Silo gives security team instant access to safe and anonymous environments
The leading human capital management solutions provider employs a holistic approach to security, incorporating SOC, physical security, intelligence and threat analytics, along with network and system security functions under one global umbrella. With tens of thousands of customers across every industry and geography, the company places a premium on security, proactively hiring skilled analysts and practiced leaders with experience in both public and private sectors to help make the enterprise more resilient and responsive to potential threats.
Prior to using Silo, the company’s ability to engage with emerging threats was limited to a handful of trained analysts who used virtual machines to disguise their identities and location. “The scope of their research was extremely limited,” says the threat intel team manager. “It was always passive – we really didn’t have the ability to develop proactive research practices. Today, when we need to engage, we use Silo — all of us, every single day.”
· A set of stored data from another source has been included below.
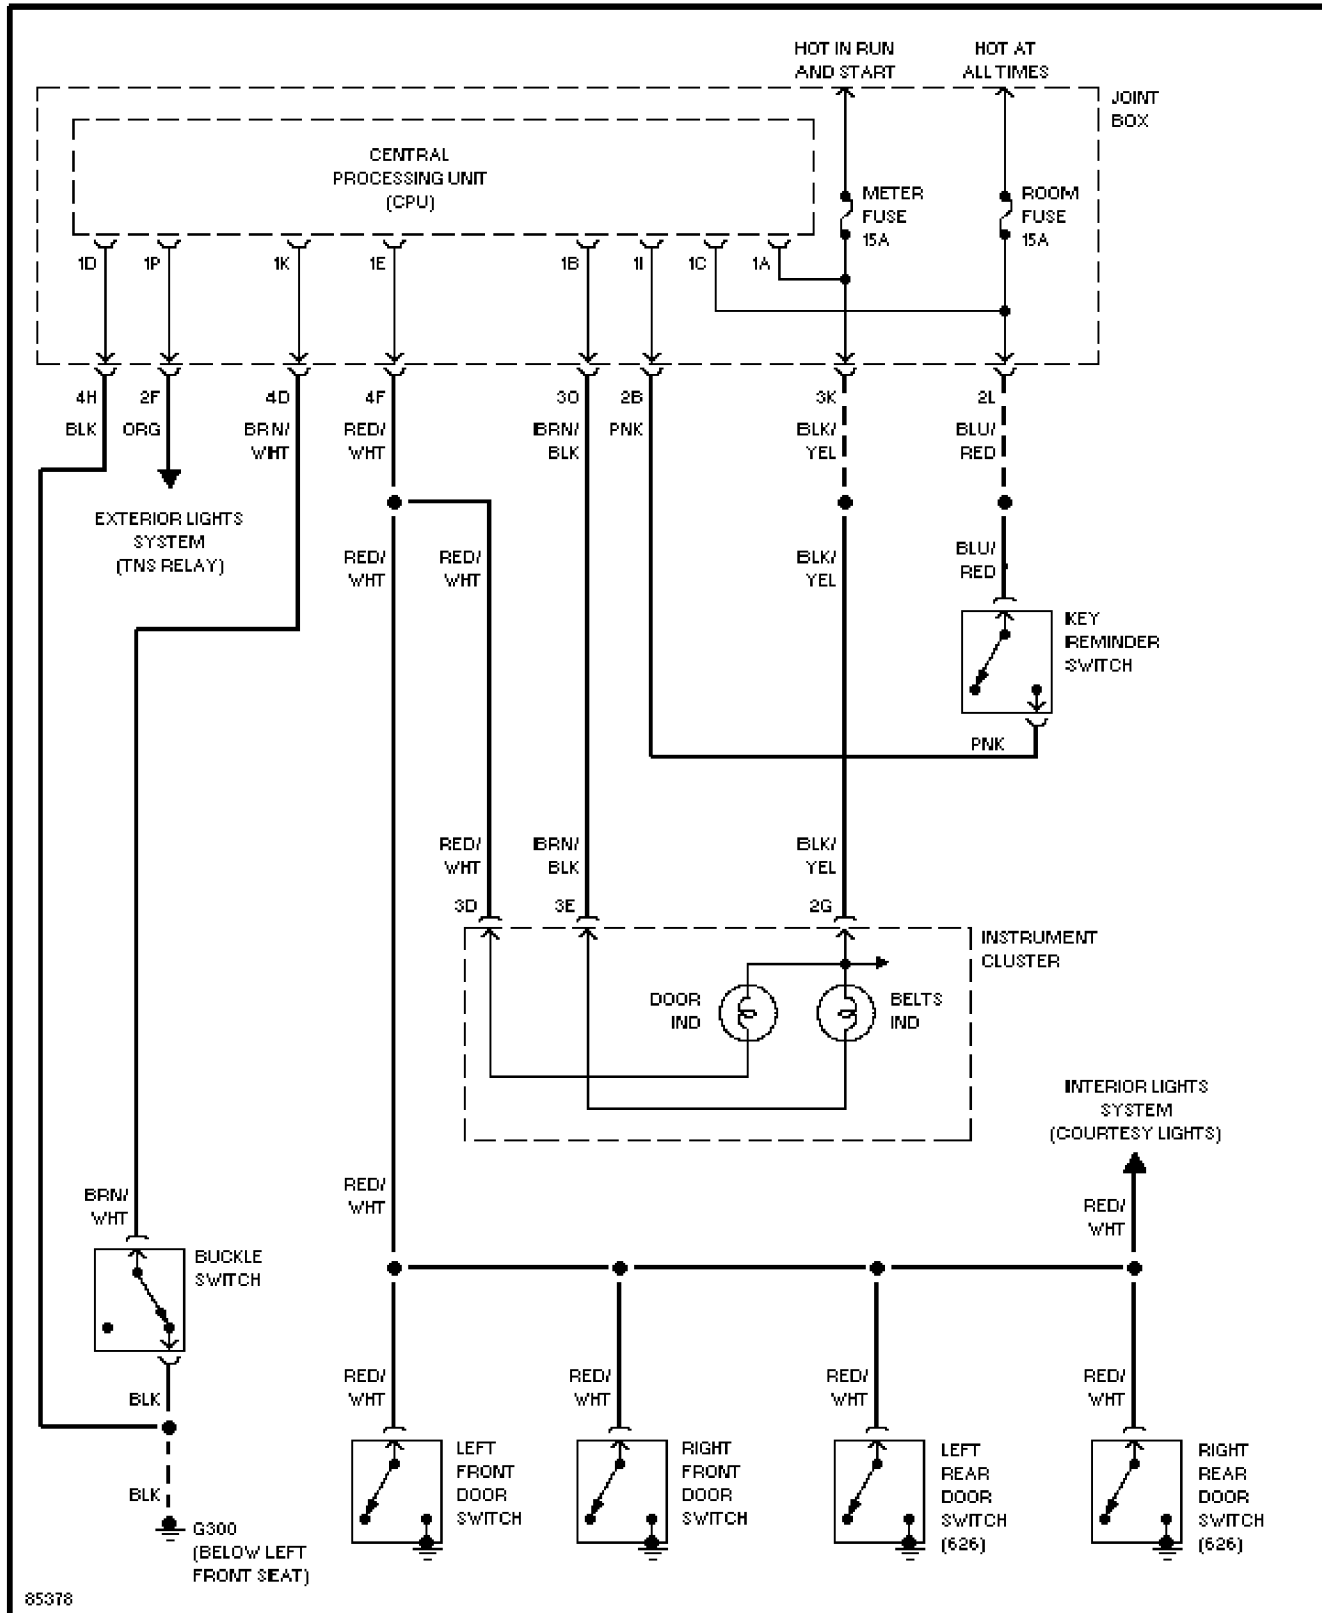

SYSTEM WIRING DIAGRAMS

Power Mirror Circuit

1995 Mazda 626

SYSTEM WIRING DIAGRAMS

Warning System Circuits

1995 Mazda 626

SYSTEM WIRING DIAGRAMS

Wiper/Washer Circuit

1995 Mazda 626

SYSTEM WIRING DIAGRAMS

Power Window Circuit

1995 Mazda 626

SYSTEM WIRING DIAGRAMS

Radio Circuits

1995 Mazda 626

SYSTEM WIRING DIAGRAMS

Shift Interlock Circuit

1995 Mazda 626

SYSTEM WIRING DIAGRAMS

2.0L, Starting Circuit, AT

1995 Mazda 626

SYSTEM WIRING DIAGRAMS

2.0L, Starting Circuit, M/T

1995 Mazda 626

Silo’s anonymity and geolocation features help the team gather and refine information quickly
Alerts can come from any direction: some are generated by third party platforms and tools, others are passed along from the SOC, network and systems security and other teams. Occasionally, the threat intel team comes across a shared tweet that catches their attention and warrants more investigation. Whether working on proactive research projects or reacting to a perceived threat, the intel team defaults to Silo to quickly jump in and start gathering information and evidence.
“Anonymity and geolocation features have had the biggest impact for us,” continues the threat intel manager. “It gives us the ability to quickly set up an environment from any given location and immediately start our research. The speed is exceptional — we no longer need to make sure the VPN is on – Silo instantly places you where you need to be. This is the type of capability you can’t easily replicate without spending a lot of money — it’s a huge value to us.”
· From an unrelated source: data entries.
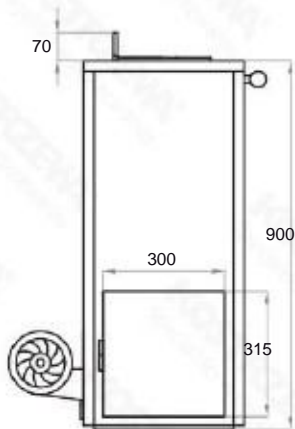

Dimensions - Warmet SDS Ceramik 14 kW

Front view

Side view

Rear view
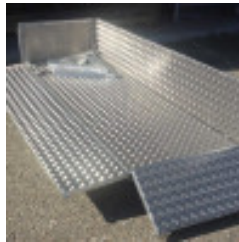

Ref. IDM : 01862

SNOWMOBILE SLEDGE GM 2.50 M WITH RIDALS HT: 40 CM (WITHOUT RUNNERS)

Famille : Snow grooming

SOUS-FAMILLE : SLEDGES

IDM offers snowmobile sleds for transporting equipment. The IDM snowmobile sled has a high strength and reinforced aluminium frame, ideal for transporting equipment.

Features :

- Reinforced high-strength aluminium frame - Stainless steel side rails - Folding sides (side and rear) - Height adjustable drawbar - Towing hook - Extended and raised sledge 2500 x 800 mm (sideboards 400 mm)
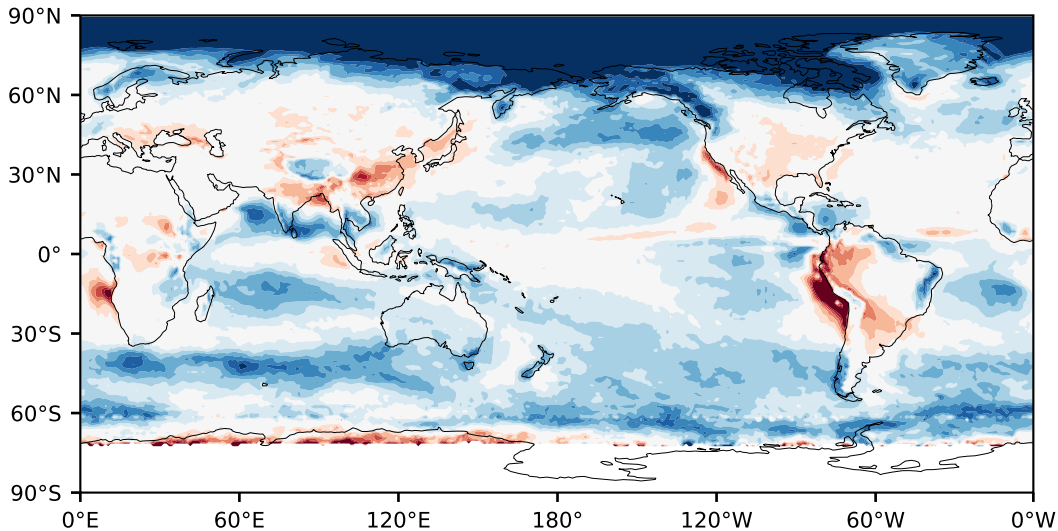

Model - Observations

Max 58.27
Mean 6.65
Min -94.80

RMSE 12.90
CORR 0.83
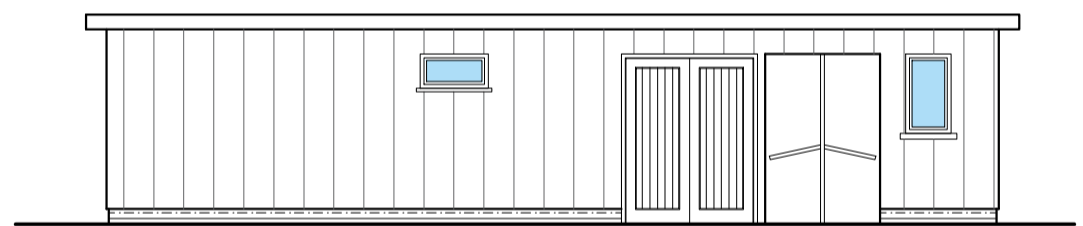

EDRYCHIAD CEFN
rear elevation 1.100

Another capability that proved to be particularly valuable to the threat intel team is Silo’s translation tool. “The out-of-band translation is immensely helpful,” explains the team manager. “It doesn’t tip off anyone in the browser that you are looking at them from another location, nobody can see that we are translating the content of their websites. It’s quite beneficial to do a search in a local language, get region-specific results, take a quick impression of what’s there and move on.”
The team routinely uses Silo’s automated collection features, such as Gofer, for context-aware searches. The company’s threat intel analysts were familiar with other open-source tools that allow for automated searches, but unlike Silo, they require a researcher to set up criteria for each individual URL. Silo’s multi-search workflows help save time and allow teams to gather information quicker across multiple sites.
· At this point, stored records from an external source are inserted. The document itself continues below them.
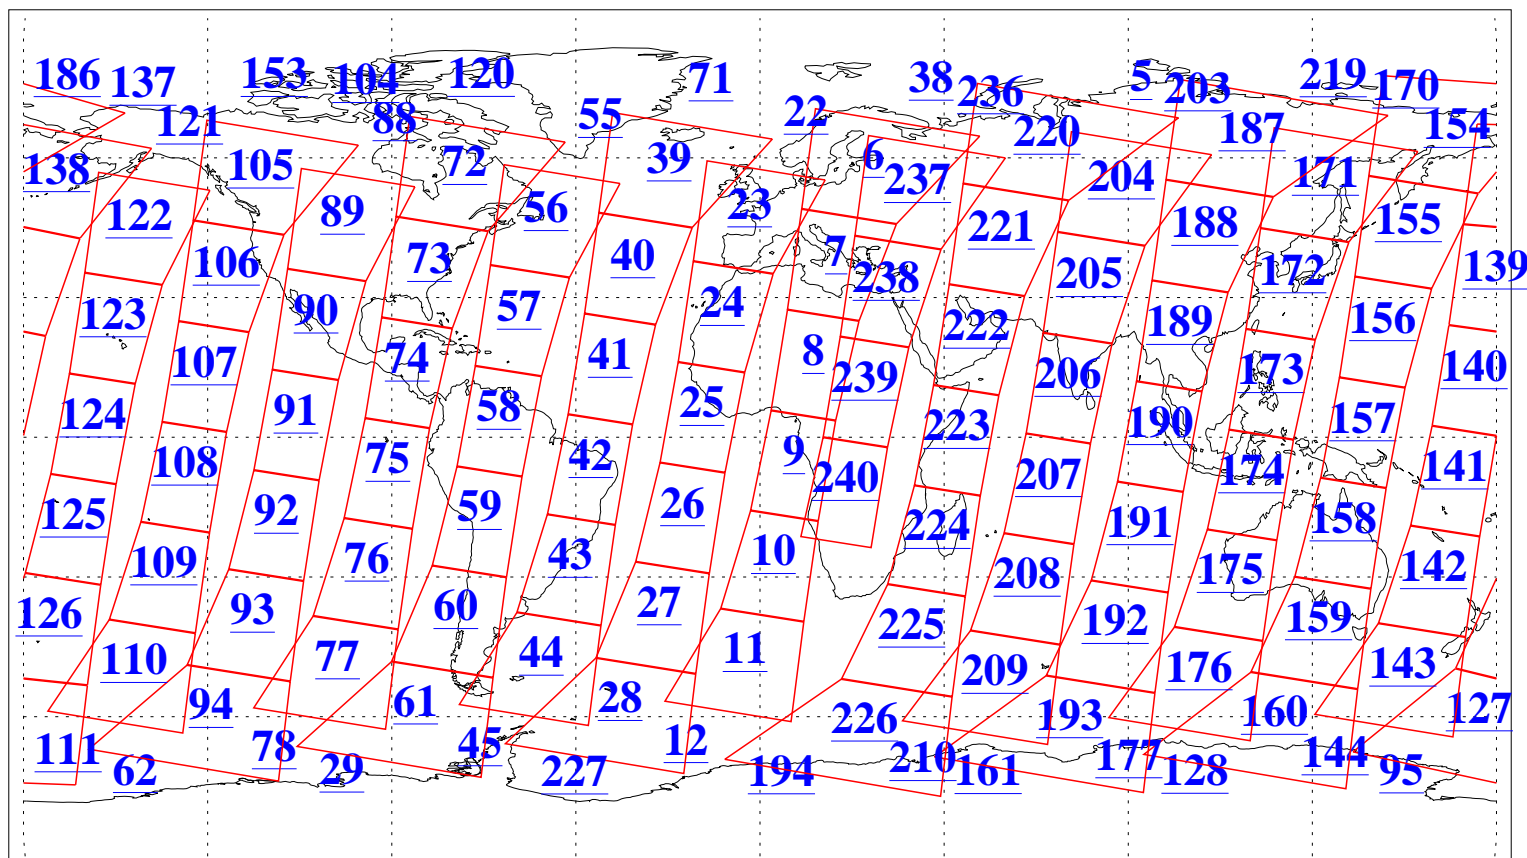

L1B Availability
AMSU Granules: 240
HSB Granules: 0
AIRS Granules: 240

27 Apr 2006
DoY 117
Aqua Day 1454
Granules: 1 to 120

Granules: 121 to 240

Legend: AMSU Available, HSB Available, AIRS Available

L1B Availability
AMSU Granules: 240
HSB Granules: 0
AIRS Granules: 240

27 Apr 2006
DoY 117
Aqua Day 1454

Ascending Granules

Descending Granules

Legend: AMSU Available, HSB Available, AIRS Available

L1B Availability
 AMSU Granules: 240
 HSB Granules: 0
 AIRS Granules: 240

27 Apr 2006
 DoY 117
 Aqua Day 1454

The threat intel team’s primary mission is to enrich threat events with additional intelligence. “The collection phase is only a part of it; then comes processing and analysis,” continues the team manager. “We use the data that we gather with Silo and through other feeds and apply our analytics capabilities and tradecraft to suggest remediation and response actions.”
The threat intel team works closely with Authentic8’s product group to provide feedback and suggest new product capabilities and integrations. They plan to introduce Silo to the SOC team and expand the product’s use throughout the global security organization.